Bij de 1e suppletore 2005 is bijvoorbeeld € 22,6 mln aan «nog nader te verdelen overig» toegevoegd. Deze mutatie is hoofdzakelijk het gevolg van de mutatie «Doorwerking 2004 ontvangsten individuen» bij artikel 2, die afzonderlijk in de 1e suppletore 2005 is toegelicht. Deze ontvangstenvertraging heeft de uitgavenruimte van VROM in 2004 sterk beperkt. Er zijn derhalve in 2004 maatregelen genomen om het jaar niet met een grote overschrijding af te sluiten. Deze maatregelen bestonden uit het temporiseren van uitgaven. Voornoemde € 22,6 mln is bestemd voor uitgaven die in 2004 niet zijn gedaan maar alsnog in 2005 zullen plaatsvinden.


XNoot
1

Samenstelling: Leden: Duivesteijn (PvdA), Hofstra (VVD), Buijs (CDA), voorzitter, Schreijer-Pierik (CDA), Van Gent (GL), Geluk (VVD), Snijder-Hazelhoff (VVD), Depla (PvdA), Van Oerle-van der Horst (CDA), Van As (LPF), Van Bochove(CDA), De Ruiter (SP), Duyvendak (GL), Huizinga-Heringa (CU), Koopmans (CDA), Spies (CDA), Van Lith (CDA), Van der Ham (D66), Van Velzen (SP), Fierens (PvdA), ondervoorzitter, Timmer (PvdA), De Krom (VVD), Verdaas (PvdA), Kruijsen (PvdA), Samsom (PvdA), Hermans (LPF), Veenendaal (VVD).

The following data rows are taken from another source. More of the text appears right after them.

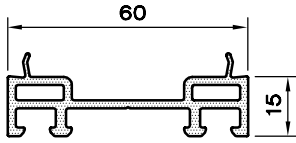

DAMLALIK (28) PR. KAPAĞI
E399.315

DAMLALIK PR. (28)
1399.110

DAMLALIK (28)
TUTMA PARÇASI
E999.028

(3.9x15) YHB. PL. VİDA
G139.014

YARDIMCI PROFİLLER

KASA UZATMA PR. (15)
1399.261

KASA UZATMA PR. (30)
1399.262

KASA UZATMA PR. (60)
1399.263

KASA UZATMA PR. (120)
1399.264

KUTU PR. (10 x 30 x 1.5mm)
5160.321

KUTU PR. (30 x 40 x 1.5mm)
5399.311

RECTANGLE PR. (30 x 40 x 1.5mm)
5399.131

PERVAZ (80)
ADAPTÖR
1390.311

PERVAZ PR. (80)
1399.301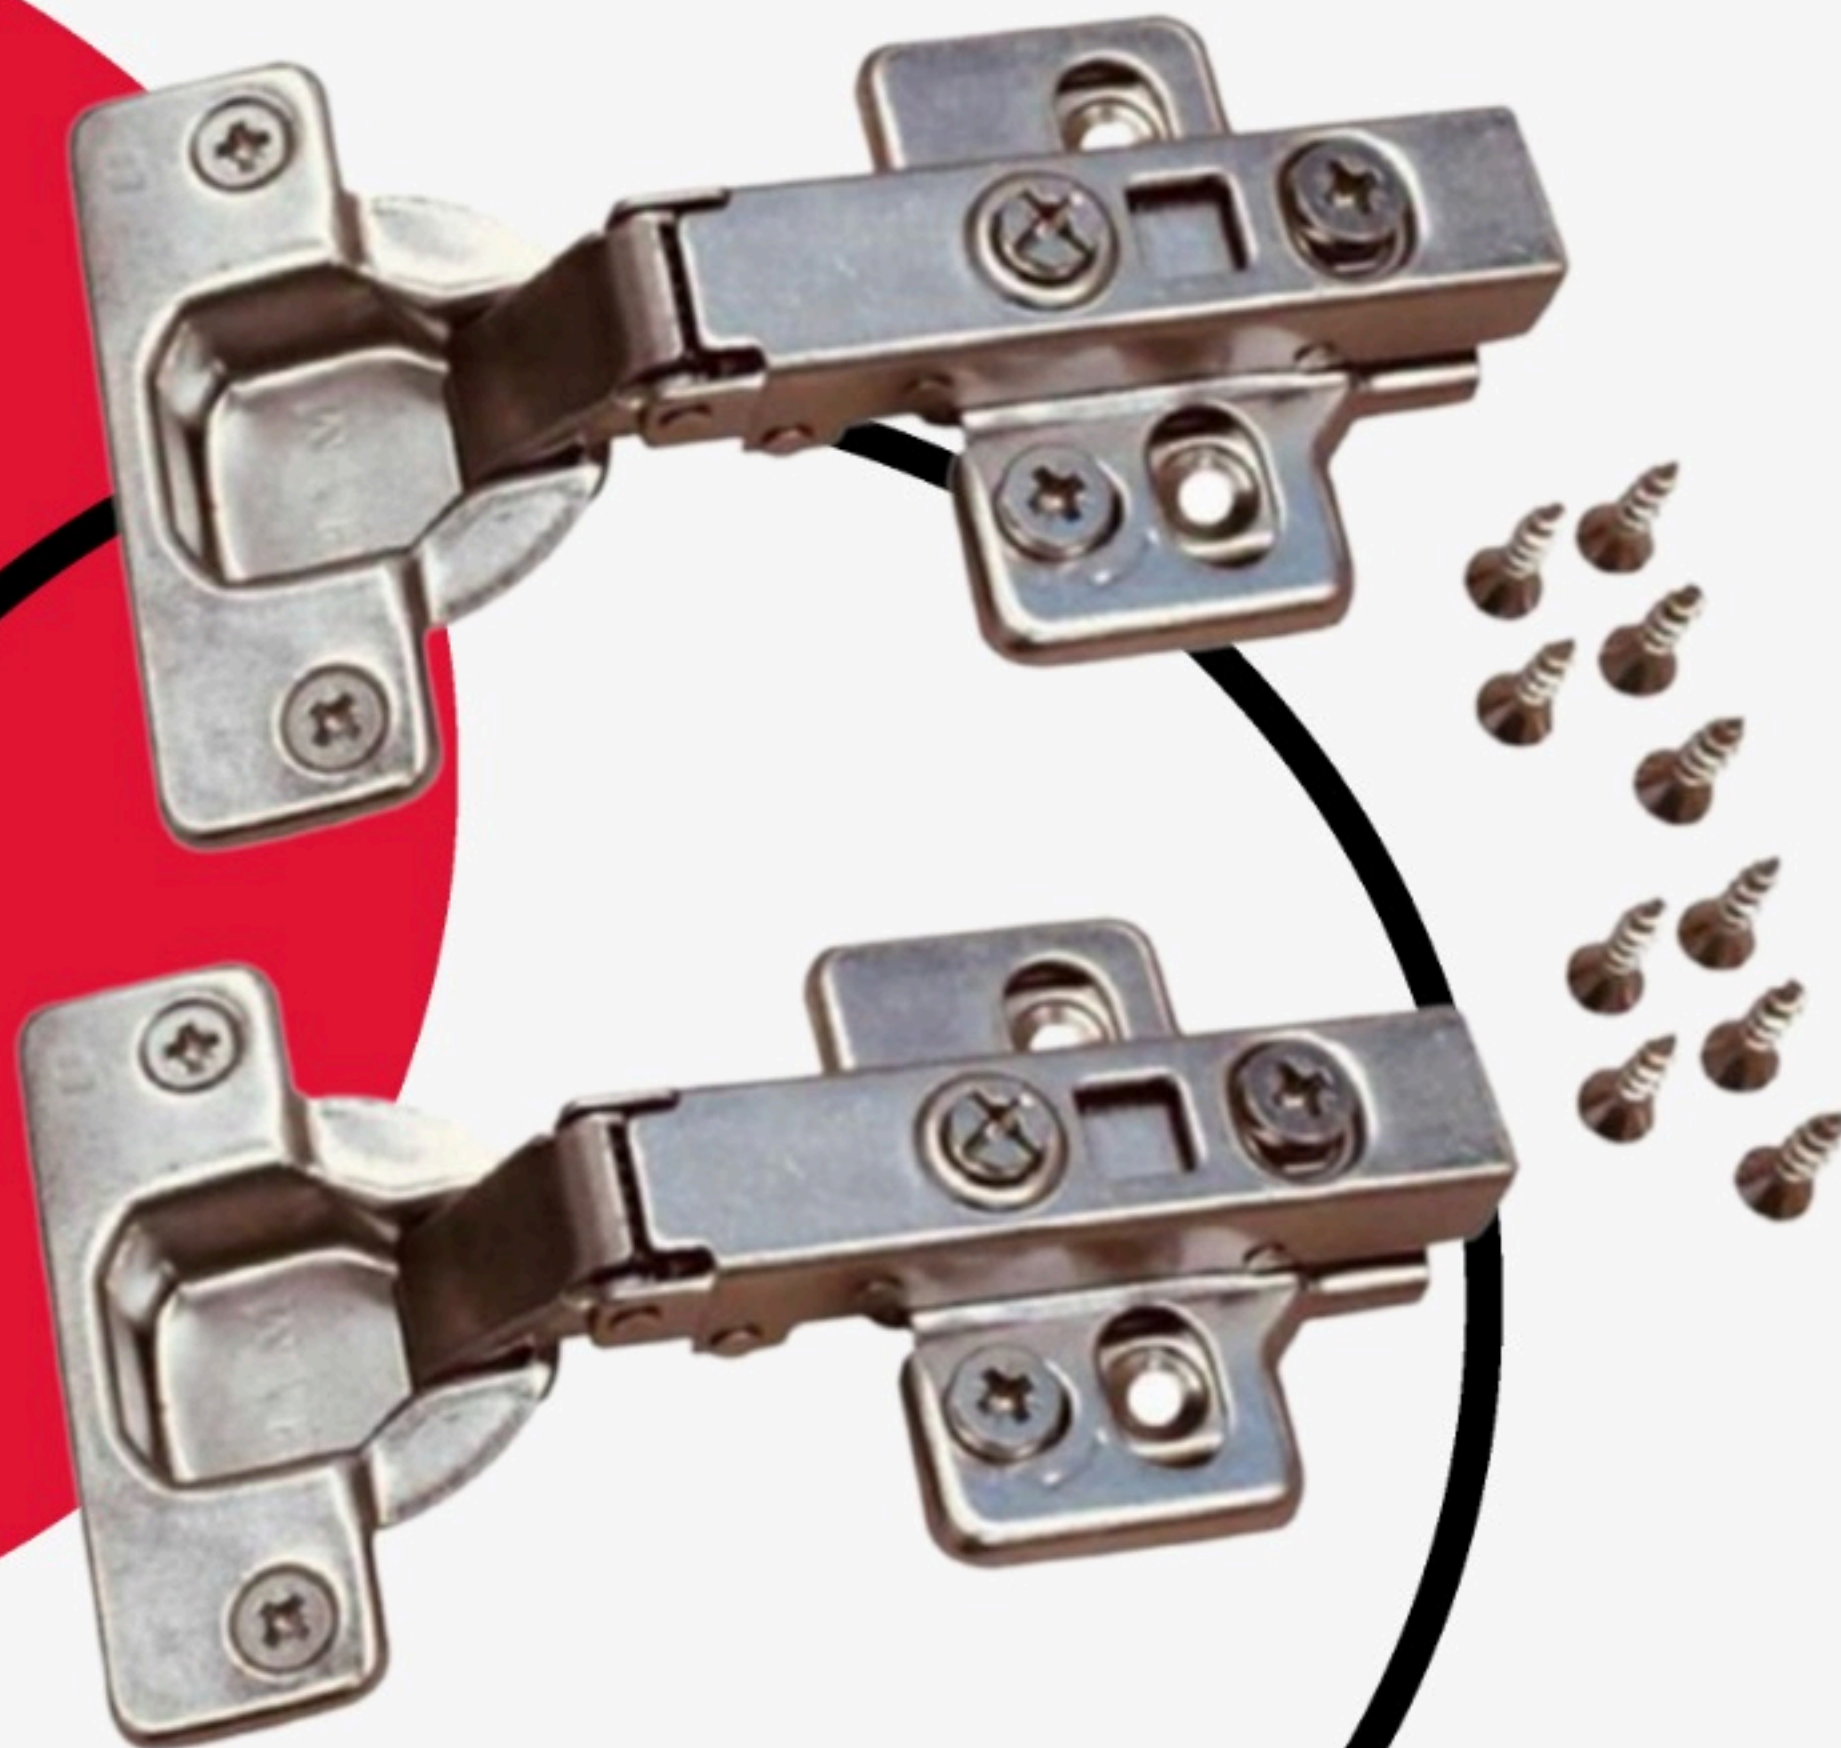

998 166 0298

998 217 1336

CERRADURA PUSH MODELO 200

CERRADURA PARA CAJON MODELO 21

BISAGRA BIDIMENSIONAL

RECTA ,CURVA Y SEMI CURVA

PARA PEDIDOS COMUNÍCATSE A ESTOS NÚMEROS:

998 166 0298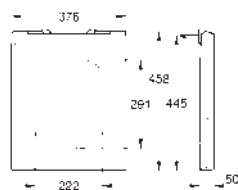

39 488 000

alpská bílá

252,70

Cube Ceramic
WC sedátko a poklop softclose
s poklopem

snadná demontáž WC sedátka

odnímatelné

materiál: Duroplast

včetně montážní sady

panty z nerezové oceli

snadné upevnění shora

nosnost 150 kg

kompatibilní se všemi Cube Ceramic mísami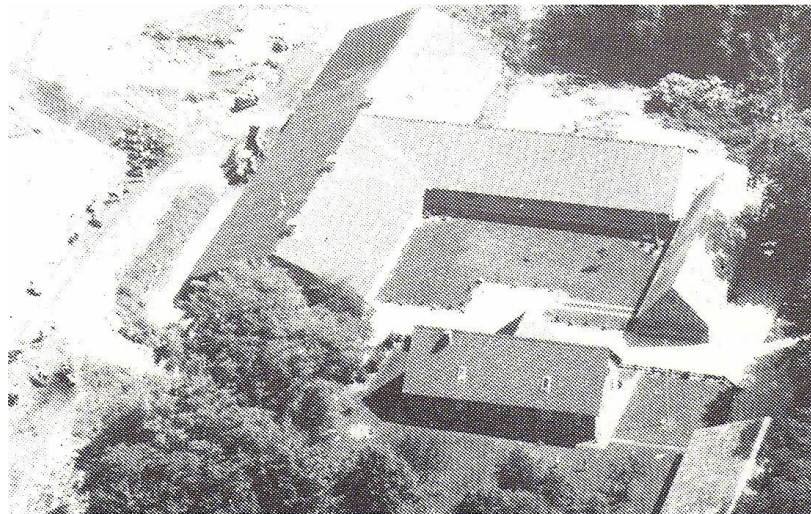

K.F. overtog gården den 1.-11.-1969 fra sin far,  
Svend Fyllgraf.

Matr. nr. 13a. Ejendomsskyld 2.250.000. Grundskyld 450.000. Areal 57-,5 ha., heraf 15  
ha. eng og 4 ha. skov. Desuden er derforpagtet 25 ha.

Stuehuset er opført 1919 og ombygget 1972, maskinhus. opført 1970, stald 1973 og 1976 samt  
lade 1977. Gården drives som alsidigt landbrug med en kvæg produktion på 60 køer og 90 stk.  
opdræt, alle af racen SOM, svineproduktionen er på 25 søer, desuden er der 11 heste.

Planteproduktionens salgsafgrøder er raps og ærter. Der findes 3 traktorer, 1 mejetærsker,  
rørmalkningsanlæg, 1 gylletank, 1 vandingsmaskine samt udendørs plansiloer til ensilage.

Gården drives sammen med Alborgvej 175.

Plv. leden: Crone (PvdA), Dezentjé Hamming-Bluemink (VVD), Mastwijk (CDA), Ormel (CDA), Halsema (GL), Luchtenveld (VVD), Örgü (VVD), Dubbelboer (PvdA), Hessels (CDA), Van den Brink (LPF), Ten Hoopen (CDA), Vergeer (SP), Vos (GL), Van der Staaij (SGP), Vietsch (CDA), Sterk (CDA), Haverkamp (CDA), Koser Kaya (D66), Gerkens (SP), Boelhouwer (PvdA), Verbeet (PvdA), Balemans (VVD), Waalkens (PvdA), Van Heteren (PvdA), Dijsselbloem (PvdA), Varela (LPF), Oplaat (VVD).